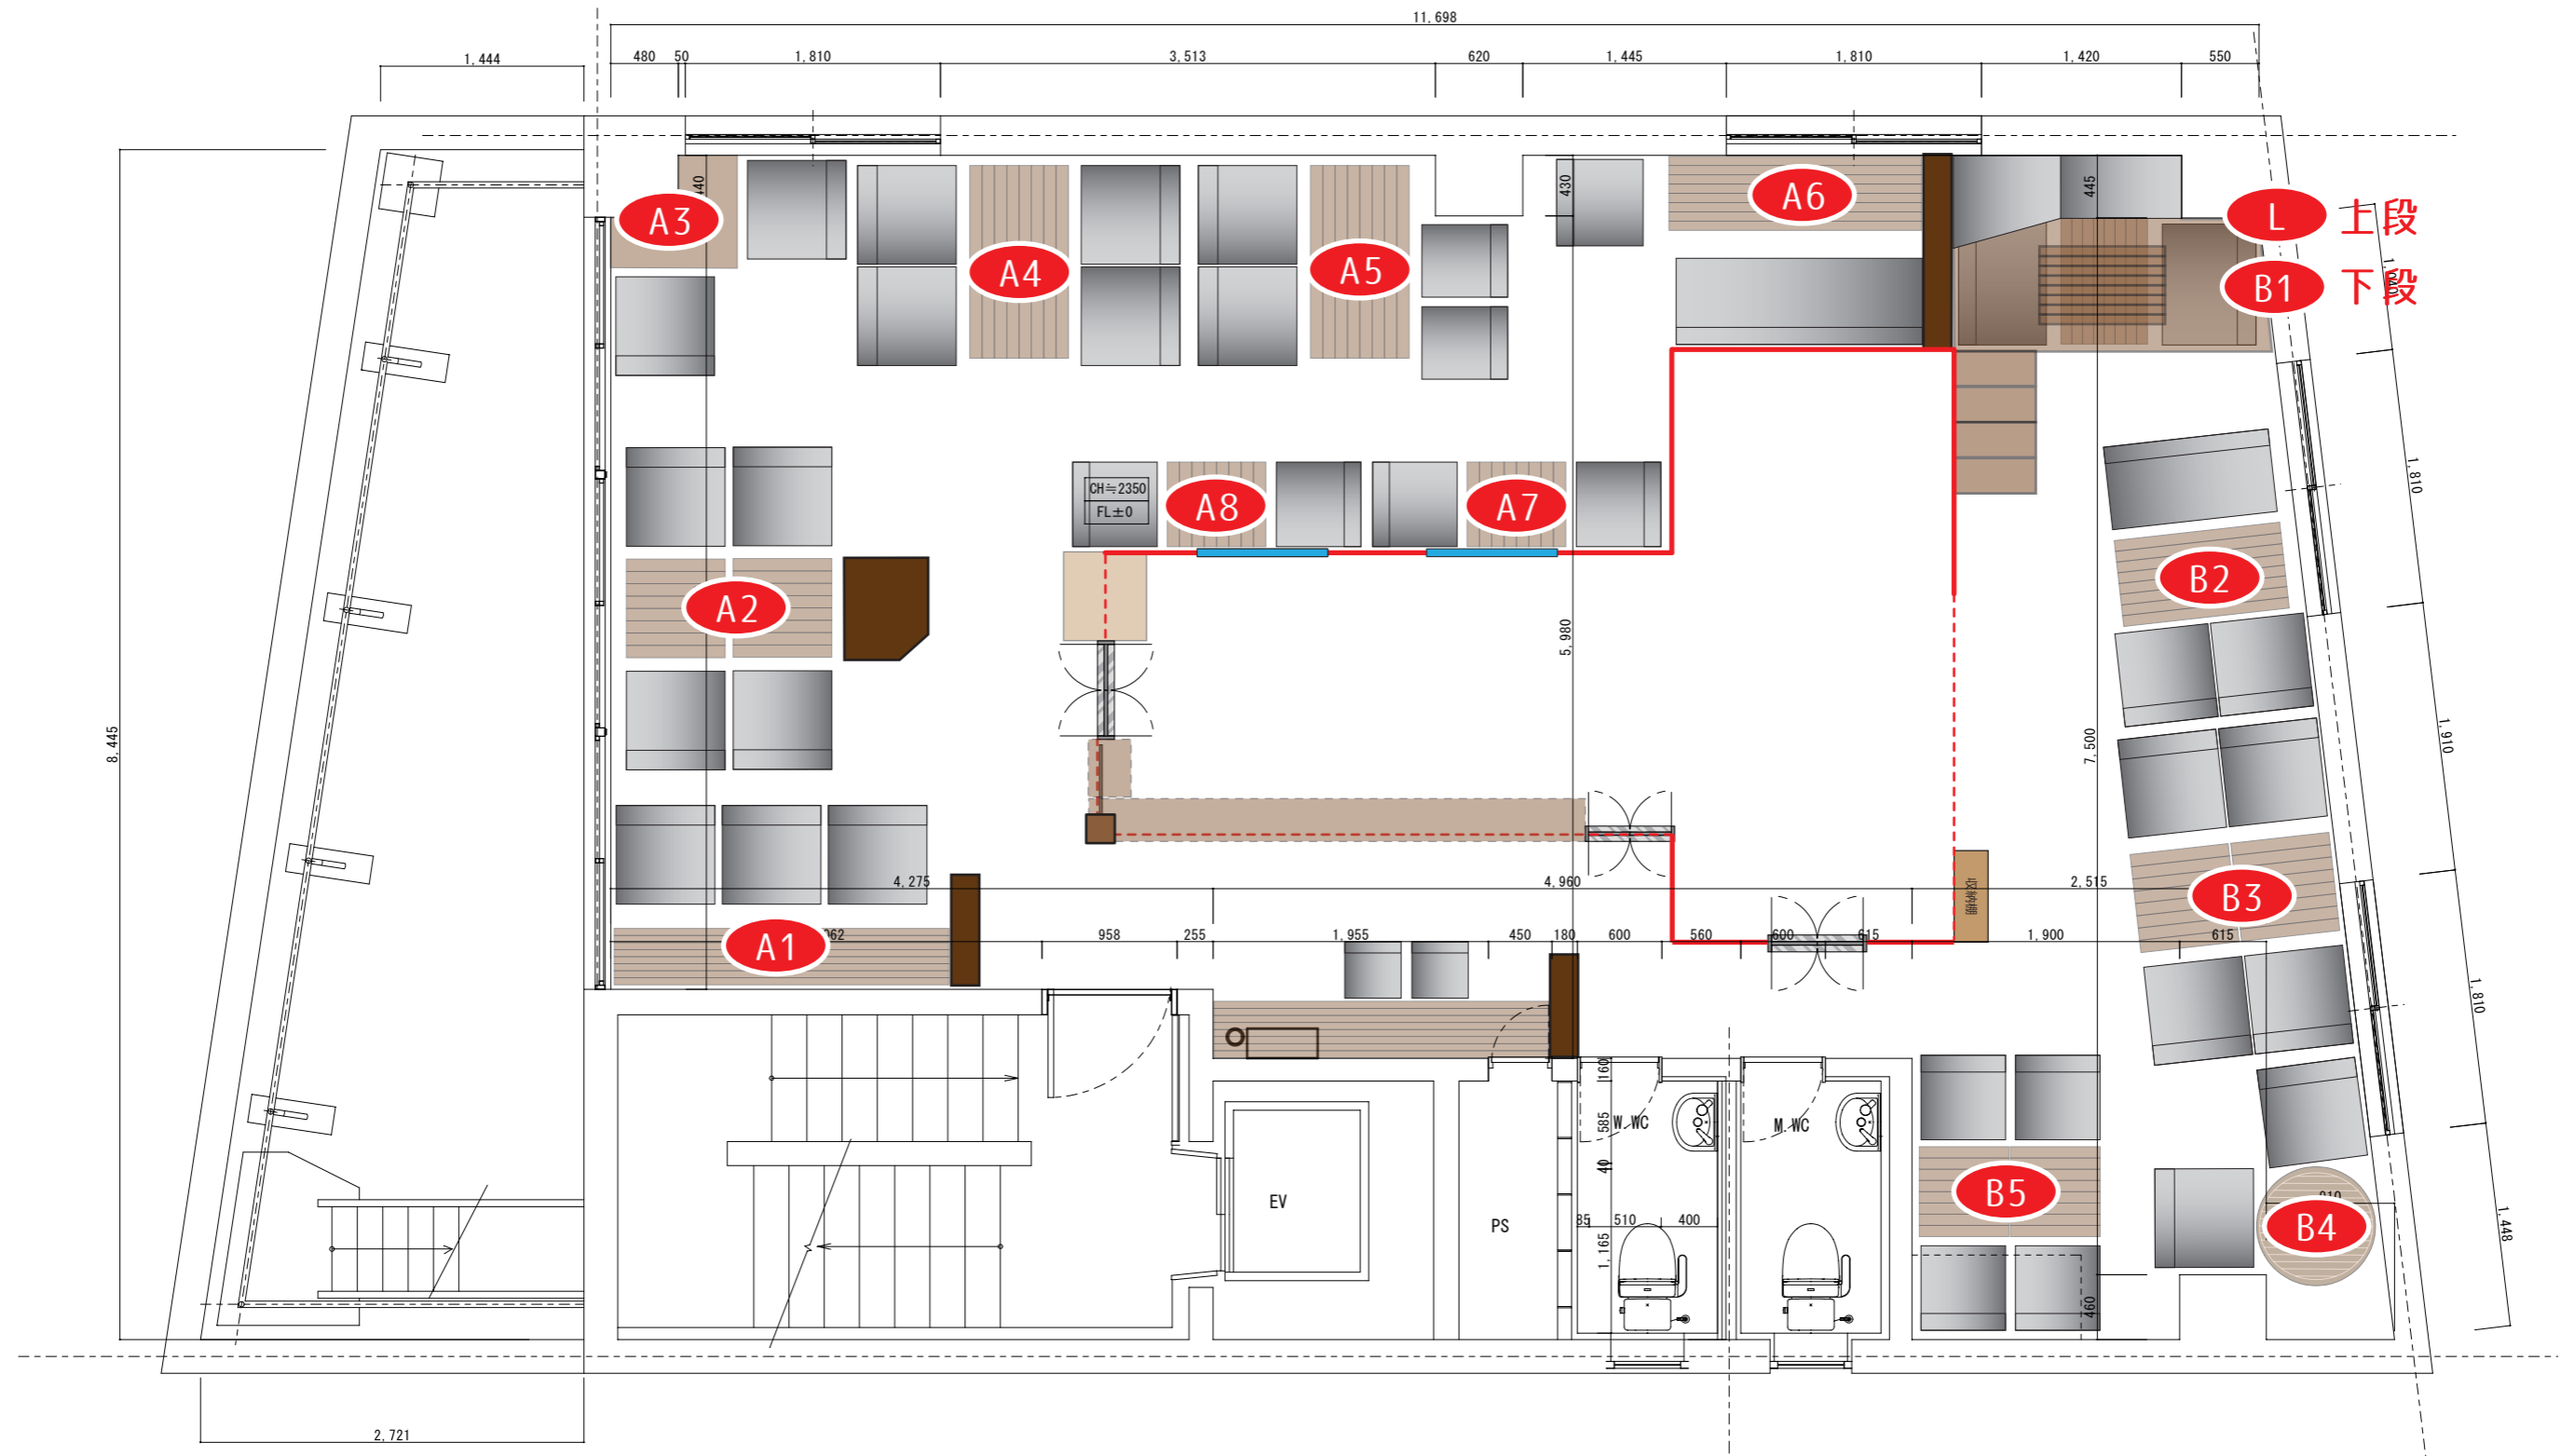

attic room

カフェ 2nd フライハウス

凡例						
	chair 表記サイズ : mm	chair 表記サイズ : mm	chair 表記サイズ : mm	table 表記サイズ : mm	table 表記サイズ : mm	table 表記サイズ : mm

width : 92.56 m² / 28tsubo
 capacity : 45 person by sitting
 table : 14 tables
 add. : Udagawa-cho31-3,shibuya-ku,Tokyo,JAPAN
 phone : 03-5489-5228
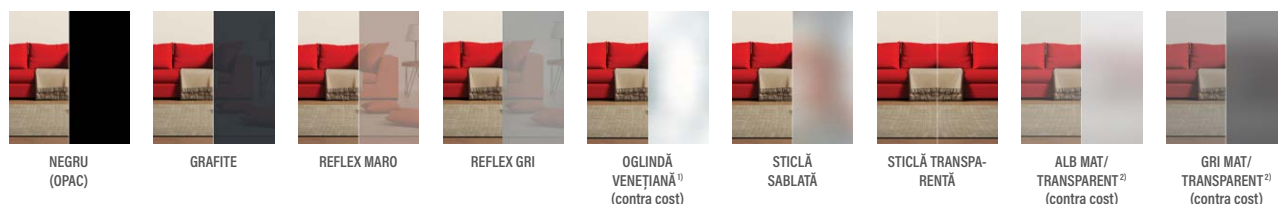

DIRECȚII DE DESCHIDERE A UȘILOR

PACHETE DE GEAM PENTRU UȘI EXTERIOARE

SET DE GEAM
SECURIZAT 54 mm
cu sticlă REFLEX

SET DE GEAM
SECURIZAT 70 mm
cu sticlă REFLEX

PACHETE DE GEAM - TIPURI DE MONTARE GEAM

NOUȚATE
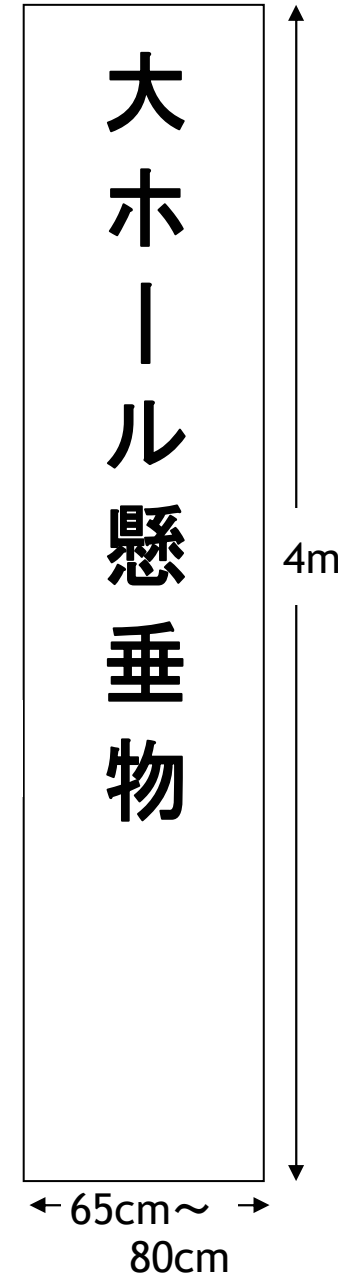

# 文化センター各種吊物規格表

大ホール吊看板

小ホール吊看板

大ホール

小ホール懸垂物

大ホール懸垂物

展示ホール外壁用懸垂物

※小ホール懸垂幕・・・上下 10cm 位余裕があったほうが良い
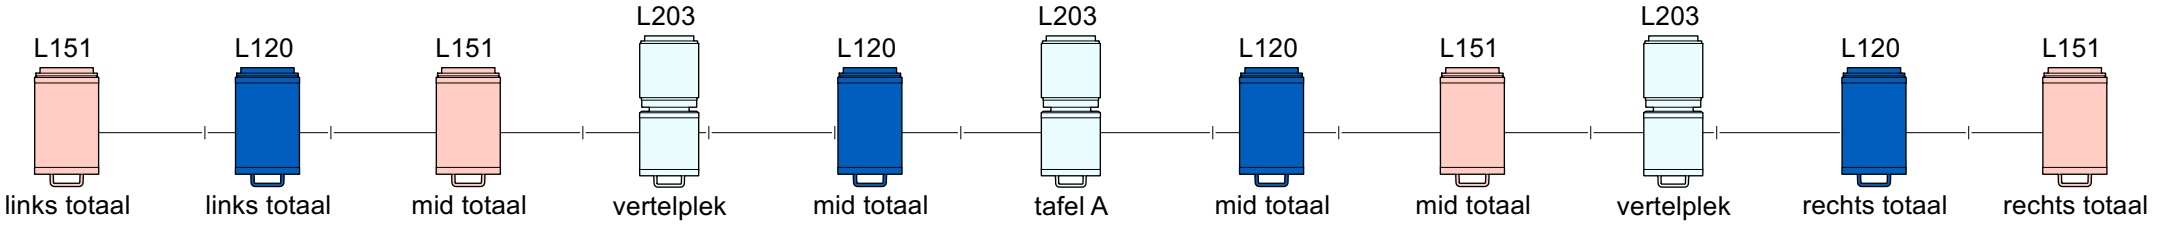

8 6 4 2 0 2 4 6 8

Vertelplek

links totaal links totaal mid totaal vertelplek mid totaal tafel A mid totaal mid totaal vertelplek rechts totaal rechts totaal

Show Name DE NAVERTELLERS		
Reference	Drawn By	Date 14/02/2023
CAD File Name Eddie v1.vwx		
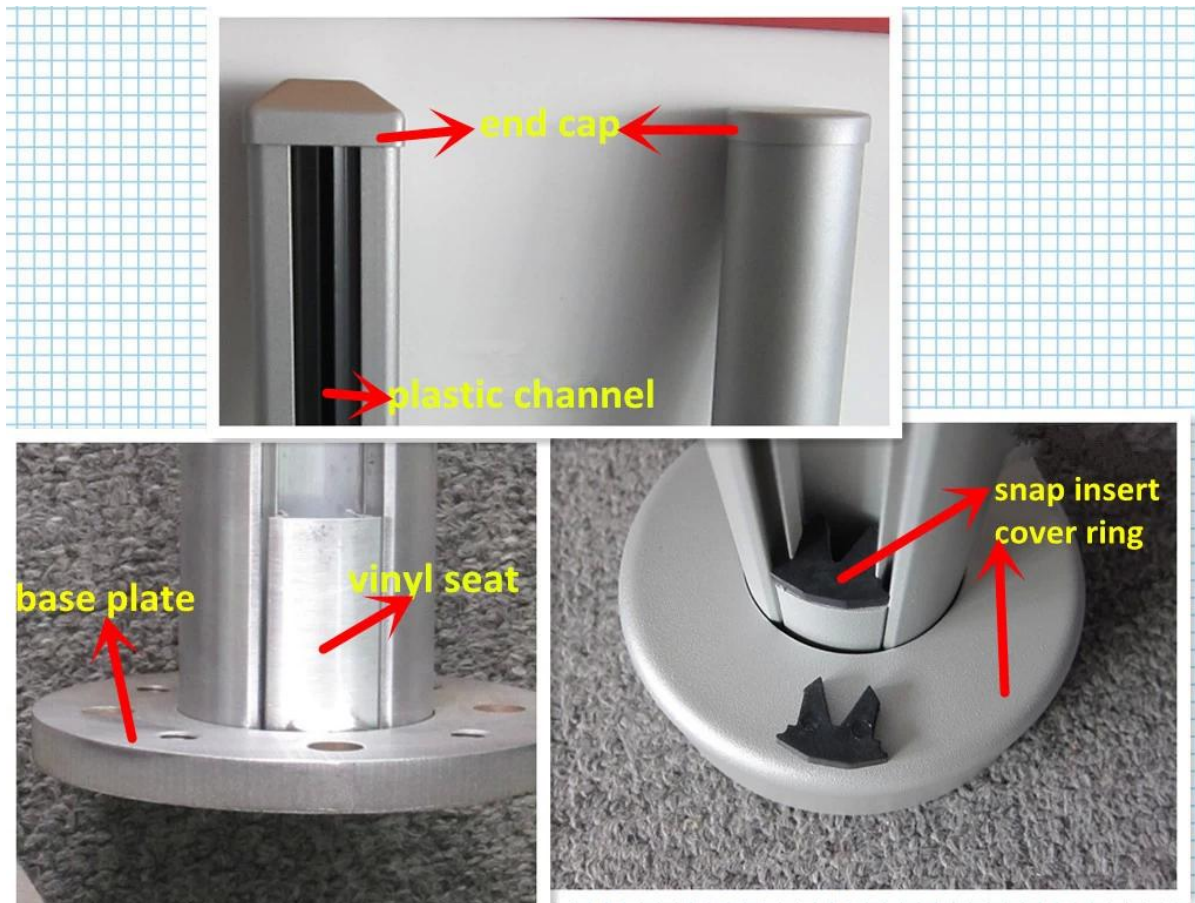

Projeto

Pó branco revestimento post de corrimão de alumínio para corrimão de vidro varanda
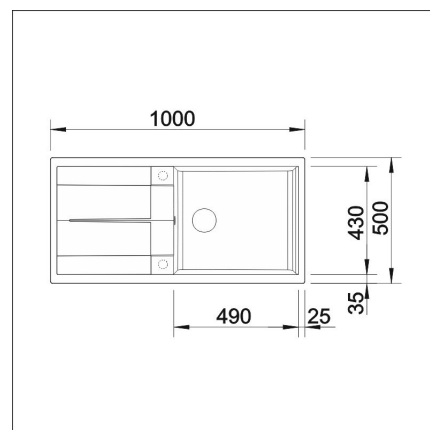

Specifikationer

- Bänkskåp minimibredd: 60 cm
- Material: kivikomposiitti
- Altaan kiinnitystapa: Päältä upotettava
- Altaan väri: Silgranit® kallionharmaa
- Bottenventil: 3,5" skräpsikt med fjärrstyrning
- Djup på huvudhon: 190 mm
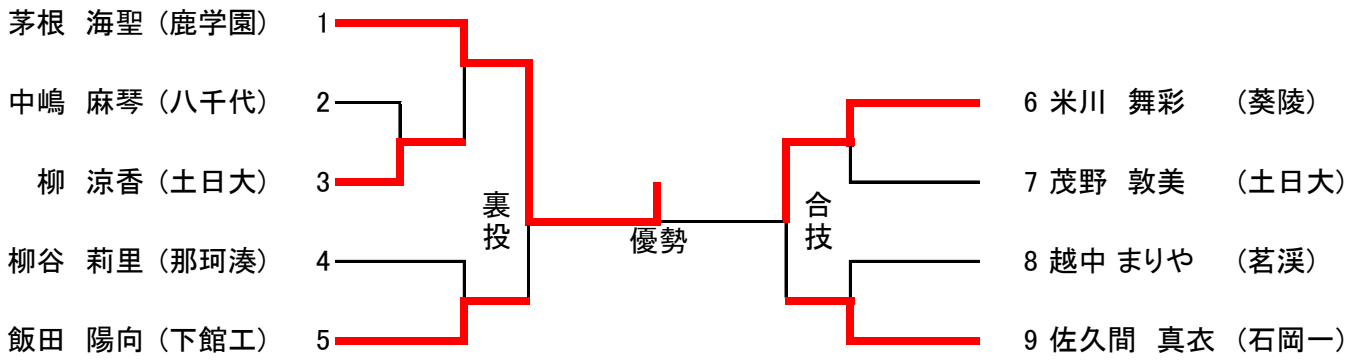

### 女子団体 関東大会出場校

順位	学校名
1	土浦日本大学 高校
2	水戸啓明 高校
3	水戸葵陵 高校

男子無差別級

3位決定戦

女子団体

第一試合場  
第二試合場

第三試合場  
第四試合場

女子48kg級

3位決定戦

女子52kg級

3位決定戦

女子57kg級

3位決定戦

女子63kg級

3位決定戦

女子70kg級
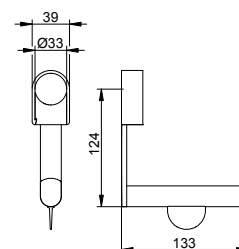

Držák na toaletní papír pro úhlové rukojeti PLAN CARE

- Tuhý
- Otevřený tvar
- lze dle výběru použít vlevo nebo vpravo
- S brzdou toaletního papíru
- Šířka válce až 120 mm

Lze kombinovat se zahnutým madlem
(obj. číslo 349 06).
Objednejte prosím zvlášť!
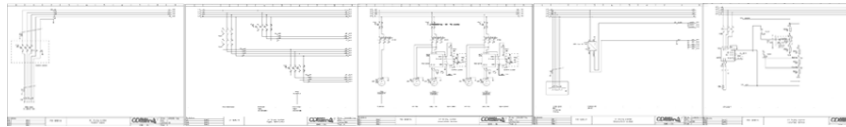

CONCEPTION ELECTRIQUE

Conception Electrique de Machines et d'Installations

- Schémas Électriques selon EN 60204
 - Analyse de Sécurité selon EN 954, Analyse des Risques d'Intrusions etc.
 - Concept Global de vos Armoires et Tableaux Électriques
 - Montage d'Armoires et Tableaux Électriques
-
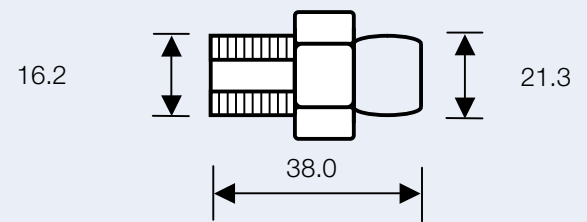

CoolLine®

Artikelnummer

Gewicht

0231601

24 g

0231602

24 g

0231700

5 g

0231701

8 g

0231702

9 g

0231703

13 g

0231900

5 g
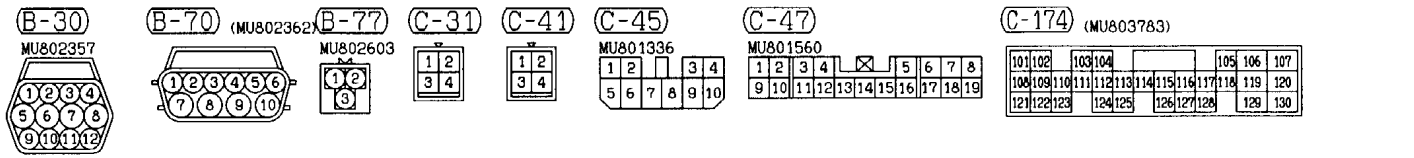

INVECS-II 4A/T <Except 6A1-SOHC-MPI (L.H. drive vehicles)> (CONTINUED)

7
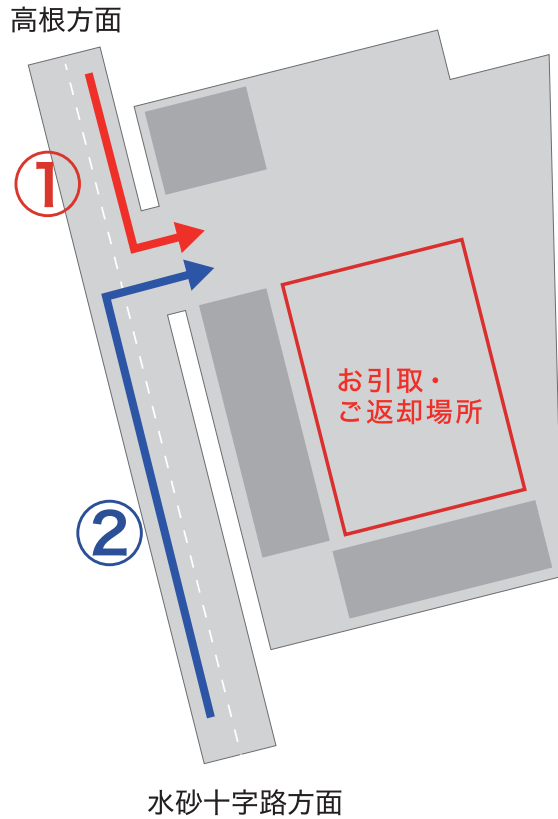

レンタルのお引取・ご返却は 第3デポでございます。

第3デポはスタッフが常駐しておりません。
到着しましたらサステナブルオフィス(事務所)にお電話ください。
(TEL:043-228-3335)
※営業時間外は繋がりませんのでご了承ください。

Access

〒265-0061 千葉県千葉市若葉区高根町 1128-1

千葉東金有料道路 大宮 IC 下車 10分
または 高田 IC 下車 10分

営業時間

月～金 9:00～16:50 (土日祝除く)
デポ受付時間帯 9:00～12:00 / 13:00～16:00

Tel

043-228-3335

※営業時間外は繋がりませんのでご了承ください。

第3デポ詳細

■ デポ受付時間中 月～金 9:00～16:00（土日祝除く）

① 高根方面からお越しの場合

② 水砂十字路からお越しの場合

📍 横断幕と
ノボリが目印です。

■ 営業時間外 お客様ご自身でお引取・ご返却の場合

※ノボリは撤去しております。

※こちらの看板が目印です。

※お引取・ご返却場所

--------------------------------------------------

#### Exercise brief:
Up to and including the last line of the records above, print exactly every line from the one that contains "千葉東金有料道路 大宮 IC 下車 10分" onward.

#### Task result:
千葉東金有料道路 大宮 IC 下車 10分
または 高田 IC 下車 10分

営業時間

月～金 9:00～16:50 (土日祝除く)
デポ受付時間帯 9:00～12:00 / 13:00～16:00

Tel

043-228-3335

※営業時間外は繋がりませんのでご了承ください。

第3デポ詳細

■ デポ受付時間中 月～金 9:00～16:00（土日祝除く）

① 高根方面からお越しの場合

② 水砂十字路からお越しの場合

📍 横断幕と
ノボリが目印です。

■ 営業時間外 お客様ご自身でお引取・ご返却の場合

※ノボリは撤去しております。

※こちらの看板が目印です。

※お引取・ご返却場所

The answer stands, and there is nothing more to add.